BILLET. Pro-duc-ti-vi-té. Ce mot semble sur toutes les lèvres. Les milieux politique et économique semblent avoir trouvé le coupable idéal et surtout l’indicateur clé sur lequel tous les efforts doivent reposer. Il est vrai que lorsqu’on se compare, les chiffres sont accablants : la croissance du PIB par habitant au Canada sera la pire parmi les 38 États membres de l’OCDE au cours des décennies à venir, selon l’organisation.
Pourquoi tant d’insistance sur le sujet ? Plus de productivité voudrait dire de meilleurs revenus pour l’entreprise et donc de meilleurs salaires pour le personnel. Le revenu brut par habitant étant également très bas, cela permettrait de s’attaquer à cet autre élément économique préoccupant. La productivité nous amènerait également plus de revenus fiscaux, et donc de meilleurs services publics. Sur papier, difficile d’être contre.
La réalité est-elle aussi simple ? La productivité est une question complexe. Son amélioration repose principalement sur l’investissement en efficacité et en R-D. Or, depuis des décennies, on compense le désintérêt du privé en la matière à grands coups de subventions, ce qui ne fait qu’ajouter une couche de complexité au dédale d’aides déjà disponibles. Résultat ? De nombreux fonds restent inutilisés, et les plus motivés à innover le font à leurs propres frais.
Investissement Québec en fait pourtant sa priorité. L’injonction de croissance de la société d’État semble dépassée à l’ère de la pénurie de main-d’œuvre et de l’IA. Faut-il plus d’employés ou mieux mettre en valeur le talent que l’on a déjà ?
Avec la productivité comme seule étoile polaire, je ne peux m’empêcher de m’interroger sur l’indicateur lui-même. Quelles sont les données qui le composent ? Sont-elles les bonnes ? Quels sont les autres indicateurs qu’on ignore et qui sont affectés lorsque tout est misé sur un seul autre ?

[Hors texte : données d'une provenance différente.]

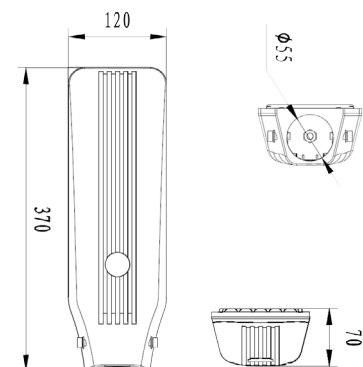

SPECIFICATIES

Stroominput	: AC 85-265V
Wattage	: 30/ 60
Dimbaar	: Nee
Lichtefficiëntie*	: 150lm/W
Led chip	: Nichia
Driver	: Mean Well/ Inventronics
Kleurtemperatuur	: 3000K-5500K
Opstarttijd	: 0.2 seconden
Levensduur	: 70.000 branduur
Kleurechtheid	: 80 CRI
Stralingshoek	: 75 °/ 150 °
Materiaal	: Aluminium + PC
Werktemperatuur	: -20° t/m +50°
Power factor	: 0.96
THD	: < 15%
IP waarde	: IP65
Netto gewicht	: 2,6 kg
Energie efficiëntie label	: A++
Garantie	: 5 Jaar
Lumenbehoud (L80B10)	: 36.000

Dit product is geschikt voor de Energie Investeringsaftrek (EIA).

* = Bruto lumen output

30W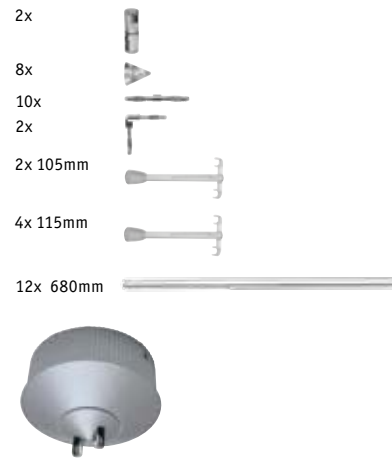

16,5 x 16,5 x 4,0cm

Spice Basissystemet 210
Spice system bazowy 210
Spice Базовая система 210
max. 210W

230/12V, 2x105VA

↻165 ↔165 ⤴40mm ↔4,30m ⚙️30mm

EAN 4000870 972267

972.26

Krom mat
Chrom matowy
Хром матовый

20,5 x 20,5 x 8,0cm

Spice Basissystemet 300
Spice system bazowy 300
Spice Базовая система 300
max. 300W

230/12V, 300VA

↻205 ↔205 ⤴80mm ↔4,30m ⚙️30mm

EAN 4000870 972229

972.22

Krom mat
Chrom matowy
Хром матовый

110mm ø160mm

Basissystemet Hip Hop 300
System bazowy Hip Hop 300
Базовая система Hip Hop 300
max. 300W

230/12V, 300VA

⤴110mm ↔4,20m ⚙️30 ø160mm

EAN 4000870 054116

5411

Krom
Chrom
Хром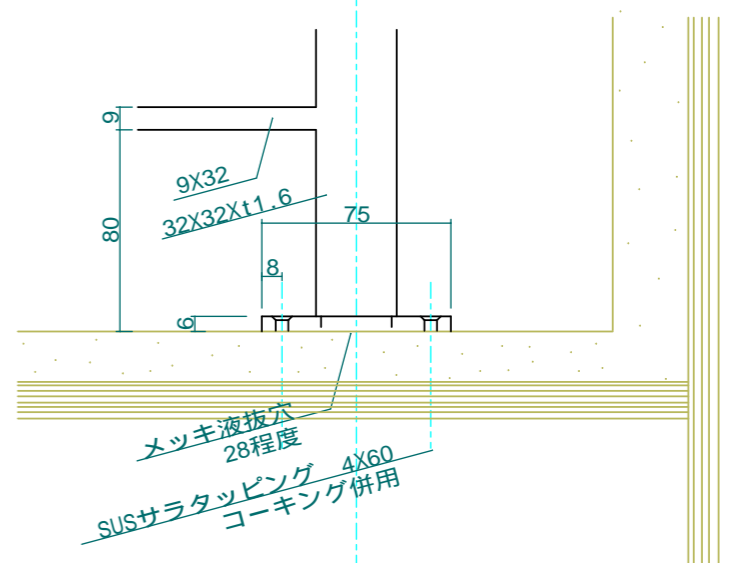

展開寸(手摺芯)

下地ベニヤ12mm
モルタル化粧30mm厚

No.	Final00	Title:	
View:	T	Subject:	バルコニー手摺
	L	Scale(Size):	1:20(A3)
	F	Date:	
	R	Sign:	Wij
	B	LECKY METAL ORNAMENTS JAPAN	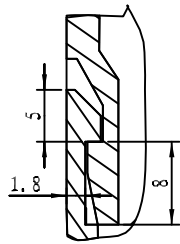

剖面 A-A

细节 A  
比例 2:1

详图 A

剖面 B-B

序号 Number	产品编号 Product Code	零件名称 Part Name	数量 Quantity	材料 Material	重量(g) Weight	备注 Remarks
5	26-61-5	显示框盖板	1	阻燃ABS		
4	26-61-4	显示框	1	阻燃ABS		
3	26-61-3	端子排盖板	1	阻燃ABS		
2	26-61-2	底壳	1	阻燃ABS		
1	26-61-1	面壳	1	阻燃ABS		
制图 Drawing		审核 Auditing	批准 Confirm	客户名称 Custom Name	材料 Material	
				产品名称 Product Name	装配示意图	图纸比例 Drawing Scale
				产品编号 Product Code	26-61	视图 Project View
共 1 页 第 1 页				 <b>宁波三和壳体公司</b> NINGBO SANHE ENCLOSURE CORPORATION		中国·宁波慈溪 TEL:+86(574)63226910 FAX:+86(574)63226900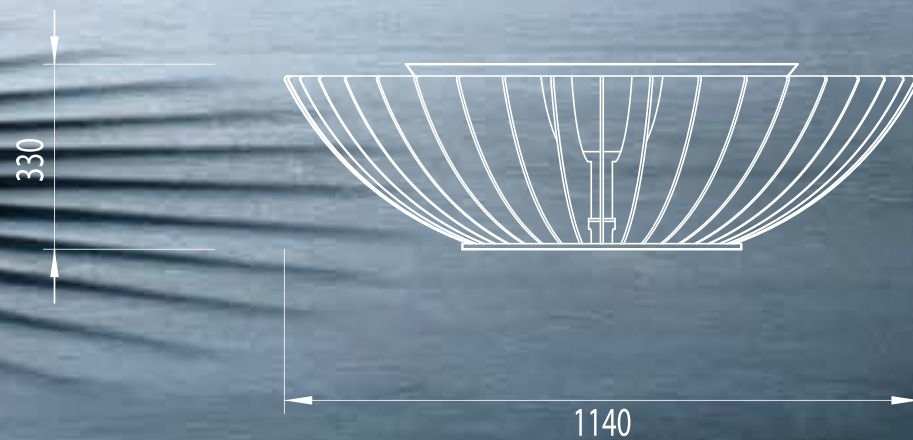

Materials Lacquered steel | rusted corten steel **Combustion zone** Wood - brushed stainless steel **Fuel** Firewood / charcoal **Dimensions** 1140 Ø x 330 h mm **Weight** 148 kg **Accessories** **Protection cover and barbecue mitt** Included **Ash vacuum cleaner** Included **Optional** Round glass

Materials Aço lacado | aço corten enferrujado **Zona de combustão** Lenha - inox escovado **Combustível** Lenha/carvão **Dimensões** 1140 Ø x 330 a mm **Peso** 148 kg **Acessórios** **Capa de protecção e luva de barbecue** Incluído **Aspirador de cinzas** Incluído **Opcional** Vidro redondo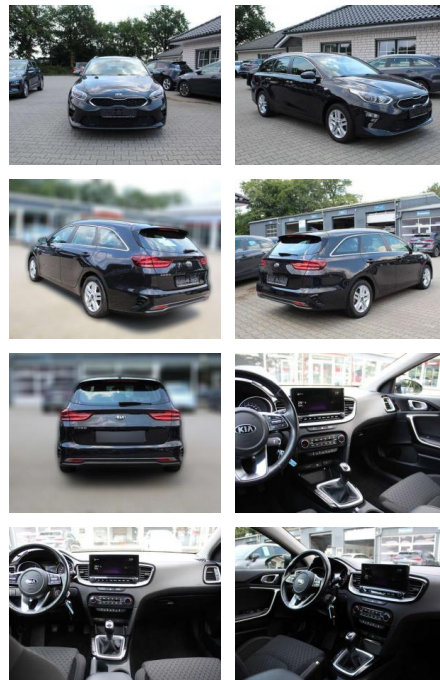

Ihr Ansprechpartner

Herr Michael Kufen
E-Mail: m.kufen@kufen.de
Telefon: 0201 8545520

Kia cee'd / Ceed Ceed Sportswagon 1.6 CRDi

SA14-057993 **Angebotsnr.:**

Erstzulassung:	Kilometer:	Farbe:	Leistung:	Kraftstoffart:	Verbr. komb.	CO2-Emission	CO2-Klasse (WLTP)
01.02.2020	114.820	Schwarz	100 kW / 136 PS	Benzin	4,2 l/100km	109 g/km	C

Les travaux du G15+, un collectif réunissant des représentants patronaux et syndicaux ainsi que des groupes environnementaux, sur les indicateurs du bien-être, révèlent que la productivité a baissé, mais que le bien-être économique et social du Québec, lui, a considérablement progressé depuis plusieurs décennies. En réalité, la province se classe même en tête de peloton international en la matière. Cela ne doit pas cacher que nous pouvons faire nettement mieux dans différents aspects, notamment en matière d’endettement des ménages et de la préoccupante détérioration de la santé mentale, mais cette relative bonne performance rappelle l’importance d’une perspective élargie au-delà des critères purement économiques.
Surtout, ces travaux nous rappellent que le choix des indicateurs n’est pas anodin. Ils orientent les grandes décisions stratégiques et déterminent où les efforts seront concentrés. À cet égard, l’intérêt croissant pour la certification B Corp est particulièrement révélateur. Obtenir le précieux sceau signifie se poser la question de la mesure de la performance, au-delà du simple aspect financier. Cette vague d’intérêt grandissante pour les facteurs environnementaux, sociaux et de gouvernance révèle une quête de sens dans le monde du travail. Il ne suffit plus de se lever le matin pour faire de l’argent. L’envie de contribuer positivement à l’ensemble des parties prenantes devient un moteur toujours plus important pour notre communauté d’affaires.
Notre quête permanente de productivité dans toutes les sphères de nos vies est à l’origine de beaucoup de nos maux modernes. Une vision plus équilibrée de celle-ci permettra de redéfinir le succès en affaires afin que réussite économique rime plus que jamais avec responsabilité sociale.